Taking each line of the material in turn, count those with the string "AISI" and answer with the count alone.

#### Data for this task ####

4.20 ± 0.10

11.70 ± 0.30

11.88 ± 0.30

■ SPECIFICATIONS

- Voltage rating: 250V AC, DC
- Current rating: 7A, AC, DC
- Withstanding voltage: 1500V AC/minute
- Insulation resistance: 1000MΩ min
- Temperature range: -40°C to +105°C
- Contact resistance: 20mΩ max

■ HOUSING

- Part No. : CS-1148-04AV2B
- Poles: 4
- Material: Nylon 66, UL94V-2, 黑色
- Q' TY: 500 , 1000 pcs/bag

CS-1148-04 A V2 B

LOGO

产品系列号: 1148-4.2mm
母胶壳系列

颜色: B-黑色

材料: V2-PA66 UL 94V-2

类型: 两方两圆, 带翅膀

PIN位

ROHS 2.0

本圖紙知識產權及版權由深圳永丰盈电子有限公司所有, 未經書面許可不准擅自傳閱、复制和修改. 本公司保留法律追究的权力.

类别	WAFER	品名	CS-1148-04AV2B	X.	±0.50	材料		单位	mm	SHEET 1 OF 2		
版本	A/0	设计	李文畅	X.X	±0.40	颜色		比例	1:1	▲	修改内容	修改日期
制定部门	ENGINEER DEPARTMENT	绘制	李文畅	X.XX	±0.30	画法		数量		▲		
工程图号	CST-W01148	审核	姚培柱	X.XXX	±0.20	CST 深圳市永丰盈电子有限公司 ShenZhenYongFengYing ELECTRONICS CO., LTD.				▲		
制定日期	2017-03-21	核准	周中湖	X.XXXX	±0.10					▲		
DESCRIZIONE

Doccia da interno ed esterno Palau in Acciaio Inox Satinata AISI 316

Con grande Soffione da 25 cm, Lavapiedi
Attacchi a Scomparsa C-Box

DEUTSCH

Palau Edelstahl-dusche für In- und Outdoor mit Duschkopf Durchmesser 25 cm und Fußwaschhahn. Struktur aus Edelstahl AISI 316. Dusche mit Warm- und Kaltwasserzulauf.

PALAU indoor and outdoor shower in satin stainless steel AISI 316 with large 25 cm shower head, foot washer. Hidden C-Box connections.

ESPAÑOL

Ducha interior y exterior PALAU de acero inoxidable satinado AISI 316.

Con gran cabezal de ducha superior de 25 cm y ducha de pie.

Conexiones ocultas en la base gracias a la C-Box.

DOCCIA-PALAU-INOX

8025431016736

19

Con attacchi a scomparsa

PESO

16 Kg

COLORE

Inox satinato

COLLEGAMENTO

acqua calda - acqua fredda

####
#### Data for this task ####

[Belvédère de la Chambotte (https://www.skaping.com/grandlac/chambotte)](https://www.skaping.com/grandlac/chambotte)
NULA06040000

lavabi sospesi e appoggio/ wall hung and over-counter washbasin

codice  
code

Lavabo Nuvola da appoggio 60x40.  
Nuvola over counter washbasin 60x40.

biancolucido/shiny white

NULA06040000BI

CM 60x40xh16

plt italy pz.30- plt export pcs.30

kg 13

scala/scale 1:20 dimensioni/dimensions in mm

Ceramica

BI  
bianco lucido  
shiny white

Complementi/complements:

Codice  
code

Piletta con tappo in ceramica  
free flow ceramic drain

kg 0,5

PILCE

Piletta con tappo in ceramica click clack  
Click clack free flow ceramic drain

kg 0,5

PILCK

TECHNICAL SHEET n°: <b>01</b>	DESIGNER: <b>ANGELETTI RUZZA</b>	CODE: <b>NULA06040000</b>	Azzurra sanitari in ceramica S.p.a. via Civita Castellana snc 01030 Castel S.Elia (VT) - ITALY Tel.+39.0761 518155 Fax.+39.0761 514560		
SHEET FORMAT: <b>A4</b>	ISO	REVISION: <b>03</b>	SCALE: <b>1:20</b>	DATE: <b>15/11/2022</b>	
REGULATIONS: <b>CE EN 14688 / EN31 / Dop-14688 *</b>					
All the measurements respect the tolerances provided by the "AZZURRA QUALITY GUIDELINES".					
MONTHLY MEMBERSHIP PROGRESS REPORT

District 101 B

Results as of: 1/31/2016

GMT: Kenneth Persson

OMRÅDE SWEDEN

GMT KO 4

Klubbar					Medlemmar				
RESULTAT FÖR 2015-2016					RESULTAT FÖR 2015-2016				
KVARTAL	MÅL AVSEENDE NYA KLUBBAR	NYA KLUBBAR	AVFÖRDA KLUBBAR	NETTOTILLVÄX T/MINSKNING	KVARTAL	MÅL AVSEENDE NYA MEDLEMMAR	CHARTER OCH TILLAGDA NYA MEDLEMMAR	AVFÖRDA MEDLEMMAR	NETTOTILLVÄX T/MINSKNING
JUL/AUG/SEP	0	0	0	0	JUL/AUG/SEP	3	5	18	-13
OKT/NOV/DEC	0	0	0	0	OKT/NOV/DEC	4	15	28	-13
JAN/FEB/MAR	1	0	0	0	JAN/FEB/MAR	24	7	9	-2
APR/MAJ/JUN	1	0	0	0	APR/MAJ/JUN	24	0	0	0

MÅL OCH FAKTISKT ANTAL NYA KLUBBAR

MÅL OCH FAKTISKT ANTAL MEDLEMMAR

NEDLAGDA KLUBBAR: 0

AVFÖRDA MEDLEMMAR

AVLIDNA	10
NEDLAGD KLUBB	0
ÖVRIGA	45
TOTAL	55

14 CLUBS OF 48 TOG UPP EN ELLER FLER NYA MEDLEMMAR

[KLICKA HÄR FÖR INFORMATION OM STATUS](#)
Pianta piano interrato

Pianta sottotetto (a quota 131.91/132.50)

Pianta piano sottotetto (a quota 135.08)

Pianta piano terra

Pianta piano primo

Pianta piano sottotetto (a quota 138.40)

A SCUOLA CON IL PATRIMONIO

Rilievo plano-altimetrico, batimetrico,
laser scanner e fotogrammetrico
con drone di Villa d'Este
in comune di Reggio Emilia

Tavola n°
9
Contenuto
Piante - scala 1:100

####

The completed task:
4